Kidnappings are nothing new to the government of German Chancellor Angela Merkel: Several people were kidnapped over the past two years in Iraq. Most of them have returned home unharmed. It was speculated that Berlin paid large sums of ransom, a rumor that may have triggered other abductions, observers say.

In Afghanistan, however, sheer terror at the moment seems to be worth more than money.

The NATO-led International Security Assistance Force and the U.S.-led anti-terror mission Operation Enduring Freedom are trying to win a battle against the Taliban that is becoming increasingly uphill, last but not least because of a rising number of terror attacks and kidnappings.

A group of 23 Korean church volunteers is still in the hands of the Taliban as an ultimatum for the life of the hostages was running out Wednesday and a yet-unconfirmed report says one was killed. The Taliban wants to pressure Kabul into releasing captured Taliban leaders, but Afghan President Hamid Karzai has pledged not to swap prisoners for hostages again; when he did so in March to free an Italian journalist, he came under severe fire.

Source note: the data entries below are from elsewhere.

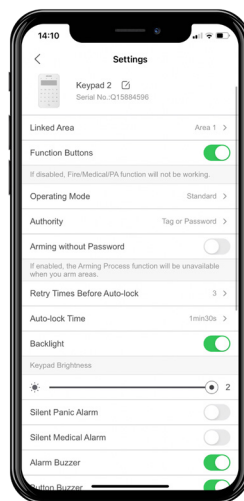

Hik-Partner Pro

Grow Your Security Business

HIKVISION

Hikvision UK & Ireland

4 The Square, Stockley Park, Uxbridge, UB11 1ET
presales.uk@hikvision.com

Hikvision UK & Ireland

Hikvision UK & Ireland

@HikvisionUK

— Search Hikvision

"It is a strategy of the Taliban to target journalists and foreigners from the West as a way exert pressure on governments (in Europe)," Michael Lueders, a German Afghanistan expert, said Tuesday. "The aim of the kidnappers is to end the Western engagement in Afghanistan. ... It is very clearly an 'Iraqization' of the situation in Afghanistan."

Germany's government over the past few days has stood fast by its Afghanistan commitment. Merkel, Foreign Minister Frank-Walter Steinmeier and Defense Minister Franz Josef Jung have all made statements to keep the German soldiers in Afghanistan.

More than 3,000 Bundeswehr troops are stationed with ISAF, mainly in the relatively peaceful northern provinces. Germany has led the Provincial Reconstruction Teams in the north and has been very successful in building up infrastructure, schools and other municipal institutions.

Yet after the recent abductions and a large suicide bombing in a busy market square in Kunduz that killed three German soldiers, the popularity of the mission has sunken to an all-time low. Weeks before the suicide bombing, German aid workers were killed in an ambush.

Germany's population is traditionally pacifist and uneasy about participating in casualty-heavy missions. In 2003 Chancellor Gerhard Schroeder was re-elected in part because he promised to keep German soldiers out of Iraq.

Germany's contribution to ISAF and OEF is up for parliamentary renewal this fall, and observers already predict a controversial debate.

"The pressure is rising on German politicians to pull out of Afghanistan," Lueders said over the weekend.

On Wednesday, he added that only the big cities are controlled by the international forces, while the mountains and the countryside are in rebels' hands.

"(NATO) is in a war that can't be won," he stated.